Everything from the line containing "80cm **26,45\$** YL72-0050-8" through the end of the data below should be copied exactly, with no other lines.

============

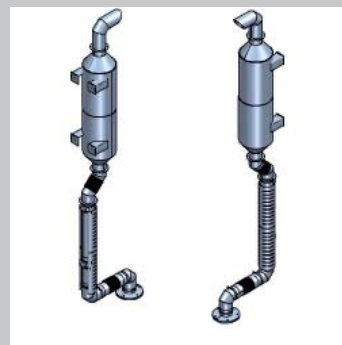

HOBATHERM®

EDELSTAHL - ABGASTECHNIK

HOBATHERM® EDELSTAHLKAMIN- & ANLAGENBAU GMBH
MÜNKAFELD 2 - 6800 FELDKIRCH

TEL: +43 5522 85058 FAX: +43 5522 85058-6 MAIL: OFFICE@HOBATHERM.COM WEB: WWW.HOBATHERM.COM
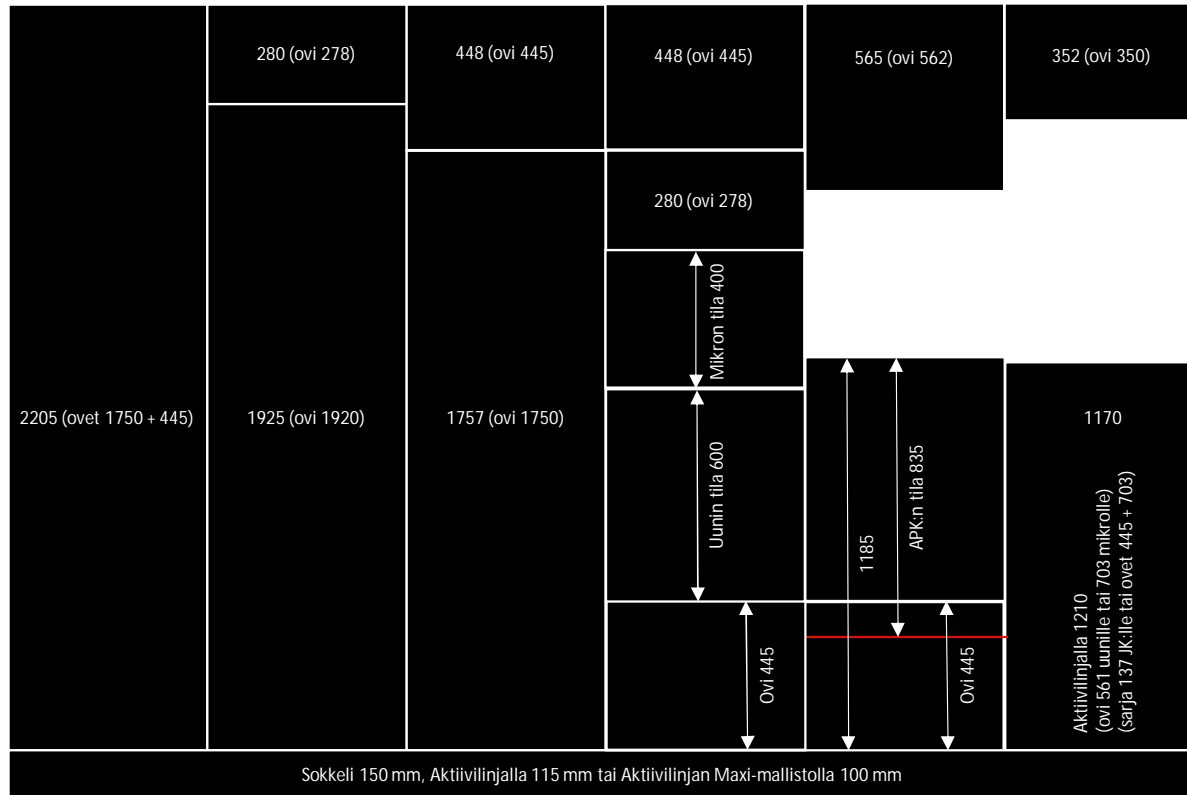

KEITTIÖKALUSTEIDEN YLEISMITOITUS

Seinäkaapit

Pöytäkaapit

Komerot

Ovien ja etusarjojen vakioleveydet

295 mm
395 mm
495 mm
595 mm
795 mm
995 mm

Ovien ja etusarjojen vakiokorkeudet

137 mm
278 mm
350 mm
445 mm
562 mm
703 mm
988 mm
1 750 mm
1 920 mm
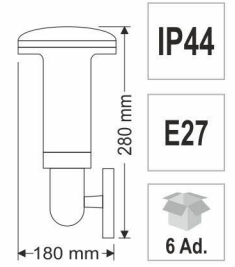

## EFES

80cm **26,45\$** YL72-0050-8  
 100cm **32,75\$** YL72-0050-10  
 120cm **39,10\$** YL72-0050-12

============

### ANSWER BOX:
80cm **26,45\$** YL72-0050-8  
 100cm **32,75\$** YL72-0050-10  
 120cm **39,10\$** YL72-0050-12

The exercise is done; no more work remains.